Excerpted data START
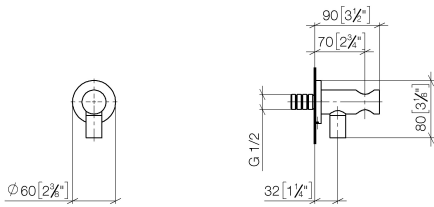

28 490 660

- Salida ducha de 3/8"
- Roseta Ø 60 mm
- Racor 1/2"

Protección contra reflujo.

Encaja con: TARA, VAIA, META

	Dark Chrome	28 490 660-19
	Cromo	28 490 660-00
	Platino cepillado	28 490 660-06
	Platino	28 490 660-08
	Oro claro	28 490 660-26
	Oro claro cepillado	28 490 660-27
	Latón cepillado (Oro 23k)	28 490 660-28
	Negro mate	28 490 660-33
	Bronce cepillado	28 490 660-42
	Champagne cepillado (Oro 22k)	28 490 660-46
	Champagne (Oro 22k)	28 490 660-47
	Cyprum	28 490 660-49
	Cromo cepillado	28 490 660-93
	Dark Platinum cepillado	28 490 660-99

28 490 660

mm [inches]

Diagrama de flujo

28 490 660

Piezas para otros
acabados pueden
encontrarse aquí:
Cromo
Excerpted data END
**Problem to solve**
A faithful copy is required of the lines from the one with "mm [inches]" through the last line of the data; please add nothing.

**Answer to this problem**
mm [inches]

Diagrama de flujo

28 490 660

Piezas para otros
acabados pueden
encontrarse aquí:
Cromo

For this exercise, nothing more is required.